● **Exercise**
Exact copy, no pictures: set down the lines from the one holding "- Frame standaard in geschuurd chroom" through the final line of the records below.

● **Provided records**
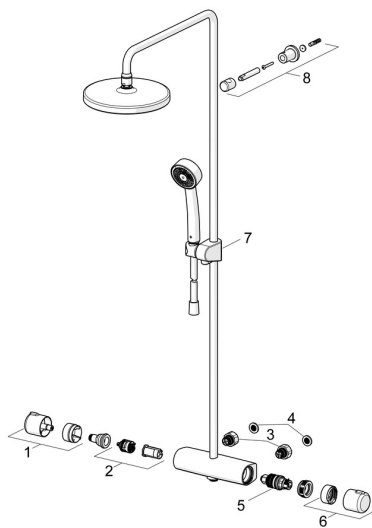

EAN: 4057304018497
static.hansa.com/443501300007

Parti di ricambio

SP44350130

	Nome	Codice
01	Manopola di apertura Cromo	59914397
02	Deviatore/Cartuccia	59914116
03	Combinare	59914472
04	Guarnizione di filtro, G3/4	59911076
05	Cartuccia termostatica, 3.4	59914114
06	Maniglia per regolazione della temperatura Cromo	59914396
07	Cursore per asta doccia Cromo	59914392
08	Shower pipe holder Cromo	59914773
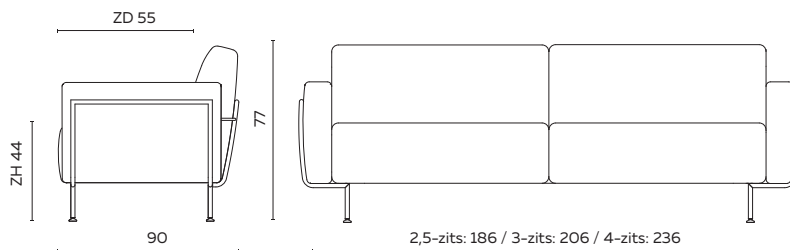

de Donk

UITVOERING		STOF					LEDER				INGEZONDEN STOF/LEDER		BENODIGDE METRAGE	
		A	B	C	D	E	Basic	Plus	Luxe	Luxe +	Stof	Leder	Stof	Leder
1,5-zits	116 cm	1795	1885	1975	2065	2155	2195	2295	2475	2540	1665	2065	4,65	6,50
2,5-zits	186 cm	2590	2710	2830	2950	3070	3360	3520	3895	4000	2390	2950	7,10	12,00
3-zits	206 cm	2740	2865	2990	3115	3240	3540	3700	4105	4210	2540	3115	7,15	12,50
4-zits	236 cm	2955	3090	3225	3360	3495	3840	4015	4465	4580	2755	3360	7,15	14,00

BIJZONDERHEDEN EN OPTIES

- Frame standaard in geschuurd chroom
- Framekleur poedercoat hocker 50
- Framekleur poedercoat 1,5-zits bank 100
- Framekleur poedercoat per bank/element 150
- Poedercoat framekleuren: zwart, fijnstructuur zwart, aluminium
- Frame verlagen per framedeel 150
- Doppen: antislip doppen
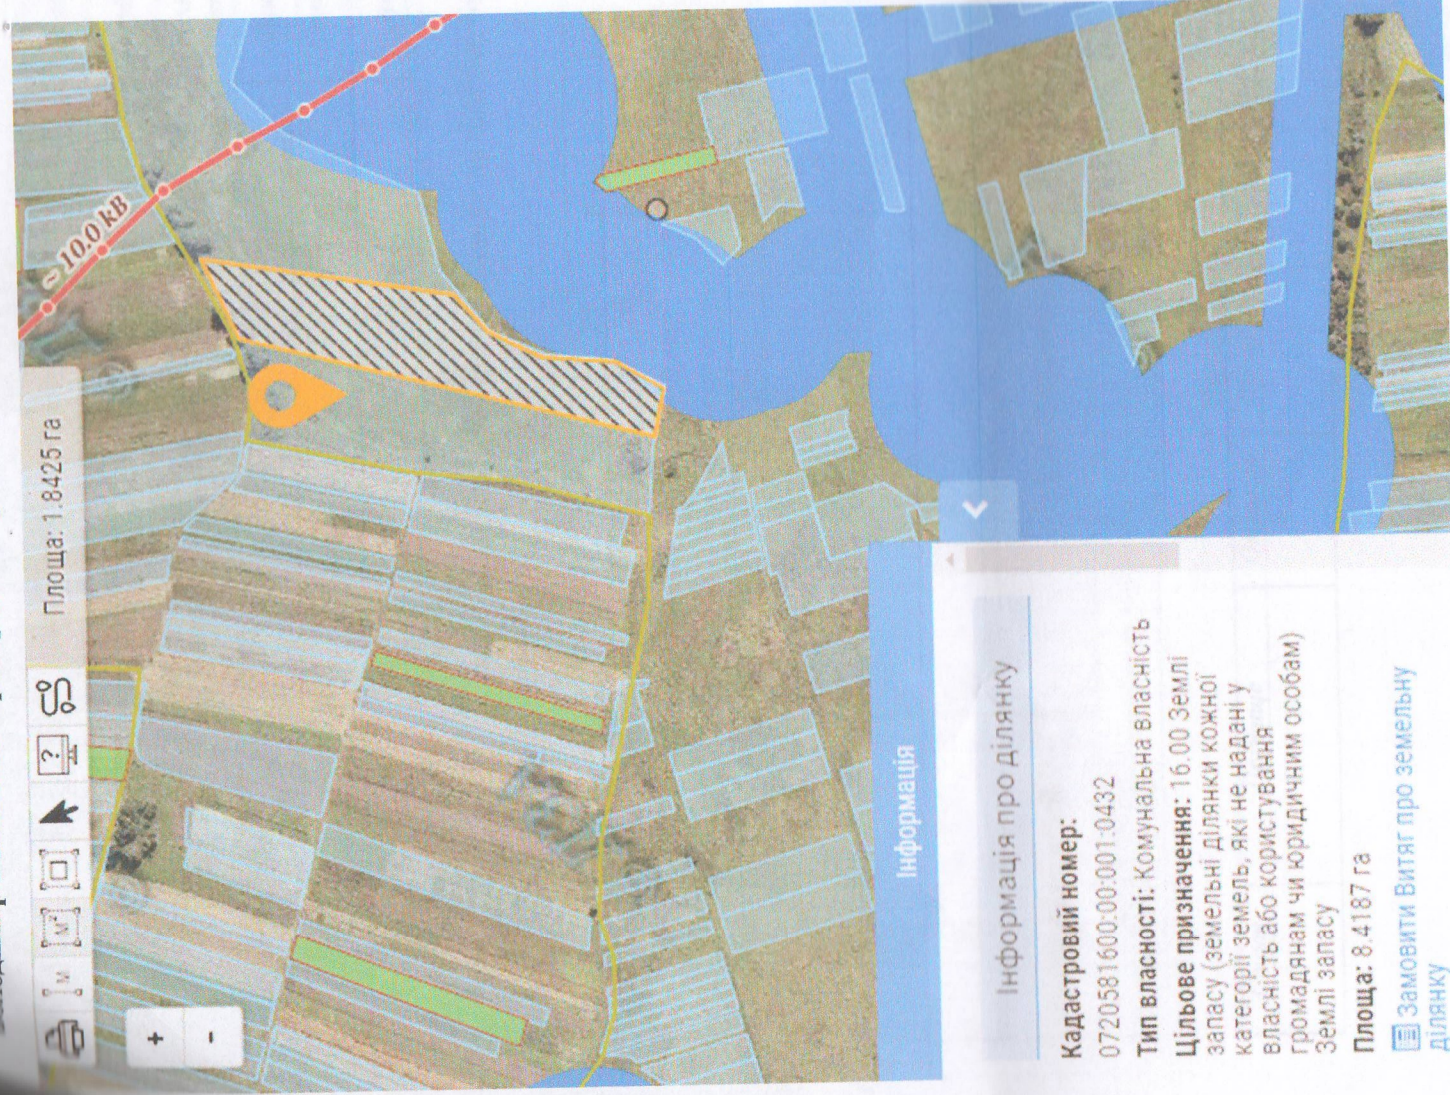

Додаток: Графічні матеріали з бажаним розташуванням земельної ділянки.
Болотинир-Волинська територіальна громада, Волинська область, (Славський М.Г.)

Дана Земельна ділянка, що бажана до відведення, окреслена жовтим кольором, має орієнтовний розмір – **1,8425 га** та знаходиться* неподалік із земельною ділянкою, що має кадастровий номер: **0720581600:00:001:0432**.

● **Exercise output**
- Frame standaard in geschuurd chroom
- Framekleur poedercoat hocker 50
- Framekleur poedercoat 1,5-zits bank 100
- Framekleur poedercoat per bank/element 150
- Poedercoat framekleuren: zwart, fijnstructuur zwart, aluminium
- Frame verlagen per framedeel 150
- Doppen: antislip doppen

Додаток: Графічні матеріали з бажаним розташуванням земельної ділянки.
Болотинир-Волинська територіальна громада, Волинська область, (Славський М.Г.)

Дана Земельна ділянка, що бажана до відведення, окреслена жовтим кольором, має орієнтовний розмір – **1,8425 га** та знаходиться* неподалік із земельною ділянкою, що має кадастровий номер: **0720581600:00:001:0432**.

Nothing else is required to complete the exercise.